Eine kleine Menschenmenge von vielleicht 15 Leuten hatte sich um das Schaufenster des Geschäfts versammelt und alle lauschten den schnellen Samba-Rhythmen.
Es war ein älterer Mann, vielleicht Anfang 60, der hinter den Trommeln saß und aussah, als hätte er nie im Leben etwas anderes getan als Schlagzeug gespielt. Seine Augen waren geschlossen. Der Mund zu einer seltsamen Grimasse verzogen die so gar nicht in den hektischen Stadtbetrieb passte. Sein Spiel schien ohne Überlegung direkt aus ihm heraus zu fließen.
Dionysos war perplex vor Ehrfurcht und Faszination. Er sah die anderen Menschen um ihn herum an. Alle hatten ein leichtes Lächeln auf dem Gesicht, schienen aber seltsam peinlich berührt von den Grimassen des Schlagzeugers, die im Sekundentakt wechselten. Der Rhythmus ging auf Dionysos Beine über. Er hatte das Gefühl nur er verstünde wirklich, was im Moment in diesem Musiker vor sich ging. Alle anderen waren nur unbeteiligte Zuschauer, die niemals das Geheimnis entschlüsseln, niemals das Band verstehen würden, dass zwischen ihm und dem Mann geknüpft war. Ganz intuitiv begann er mit Kopf und rechtem Fuß mit zu wippen.

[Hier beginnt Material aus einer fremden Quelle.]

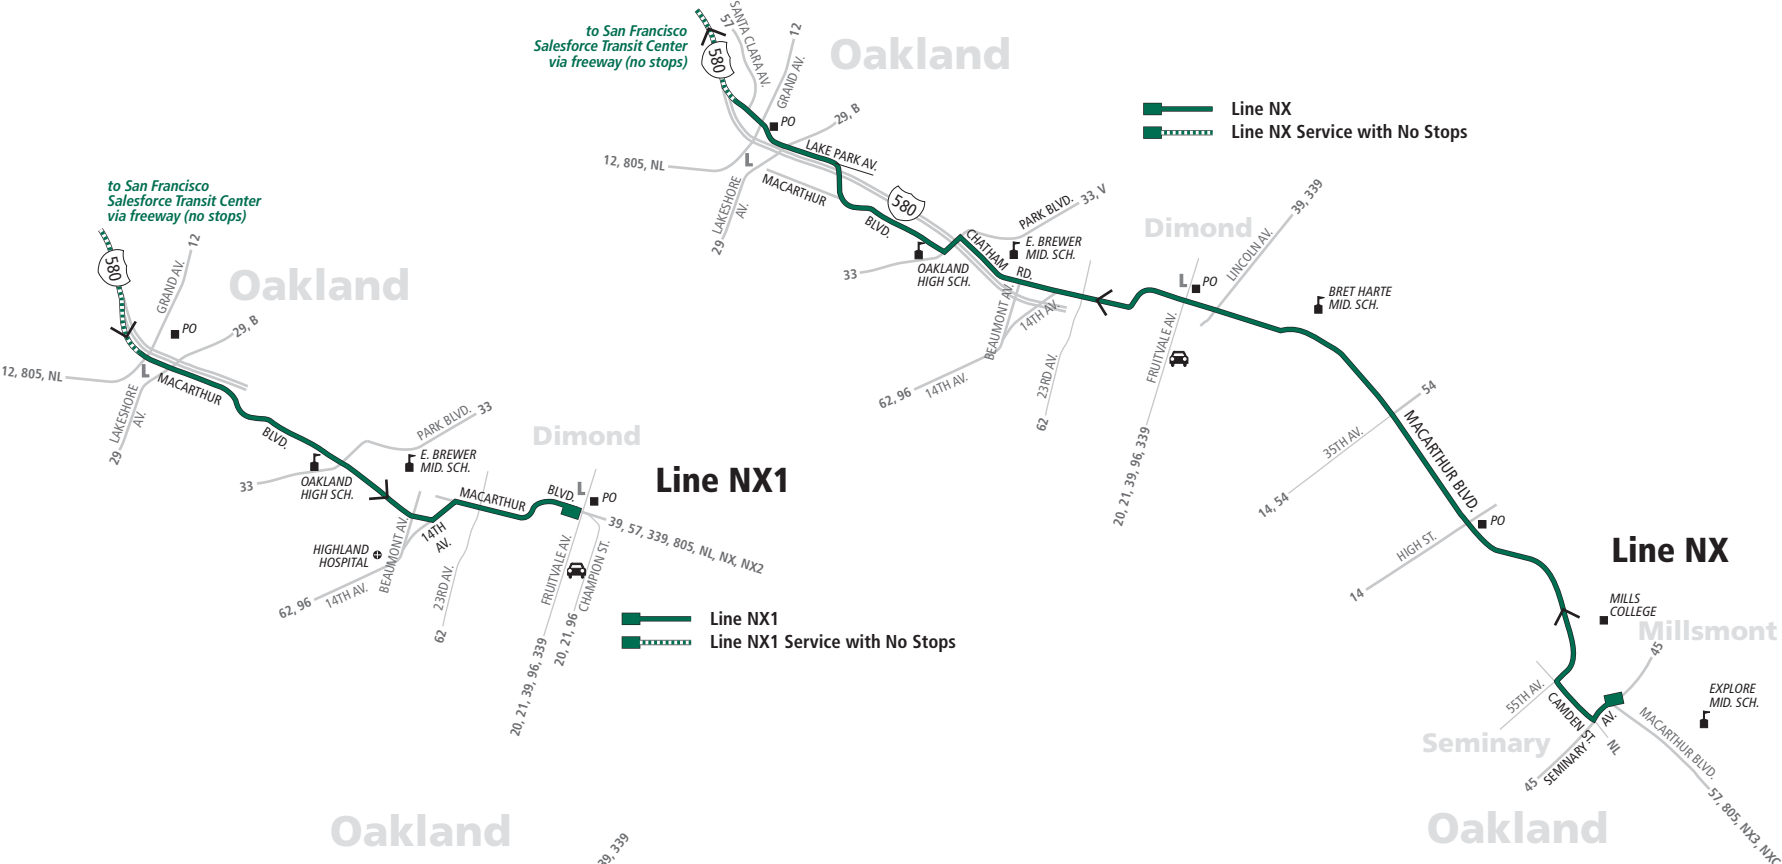

Salesforce Transit Center

NX1

Eastbound only, P.M.

San Francisco

Salesforce Transit Center

Oakland

MacArthur Blvd., Grand Ave. to Fruitvale Ave.

NX2

Eastbound only, P.M.

San Francisco

Salesforce Transit Center

Oakland

MacArthur Blvd., Fruitvale Ave. to High St.

See separate timetable for Line NXC for more evening service along the route of Line NX2

Transbay Bus

Monday through Friday except holidays

No Local Passengers Allowed

Oakland

- Line NX
- Line NX Service with No Stops

to San Francisco
Salesforce Transit Center
via freeway (no stops)

Oakland

Oakland

Line NX2

- Line NX2
- Line NX2 Service with No Stops

to San Francisco
Salesforce Transit Center
via freeway (no stops)
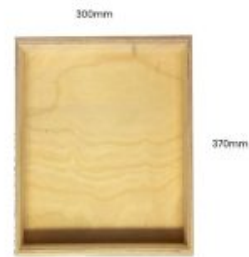

NATURAL BIRCH PLY BOX 300X370X80

- Mitred corners - clean lines
- High finish standard - very smooth
- Birch ply - strong and robust

SKU: BXPLY30037080NAT

Xenia lächelte ihn an. „Wir wollen noch schnell rüber auf die andere Straßenseite in den Supermarkt und Milch holen. Wenn du magst, darfst du hier bleiben und zuhören bis wir wieder da sind.“
„… will ich!“
„Also gut. Aber sei brav lauf nicht weg.“
Sie gab ihrem Sohn noch einen Kuss auf die Wange den Dionysos jedoch gar nicht mehr wirklich spürte. Er hielt sich noch im Zaum bis seine Mutter außer Sichtweite war, dann begannen seine Bewegungen heftiger zu werden und sein ganzer Körper folgte den Trommeln.
Wie der Schlagzeuger schloss er die Augen. Er bewegte sich schnell nach vorne und nach hinten, nach rechts und links. Langsam entwickelte sich eine Art Tanz. Die anderen Zuschauer, die nun schon mehr auf Dionysos als auf den Schlagzeuger starrten, hatte er verdrängt und vergessen. Er nahm nicht einmal war, dass man ihn bereits auslachte. Wild sprang er im Takt umher, vergessend dass er in Tartaros war, dass seine Mutter ihn gleich sehen würde, dass es „sich nicht gehörte“, was er gerade tat, ja überhaupt, dass es einen Dionysos gab.
„Wo sind denn seine Eltern?“, fragte einer der Passanten.
„So wie der ausrastet liegen sie wahrscheinlich aufm Sofa und saufen. Hehe … trinken einen auf ihren Geldgeber … den Steuerzahler … hehe …“, antwortete ein anderer.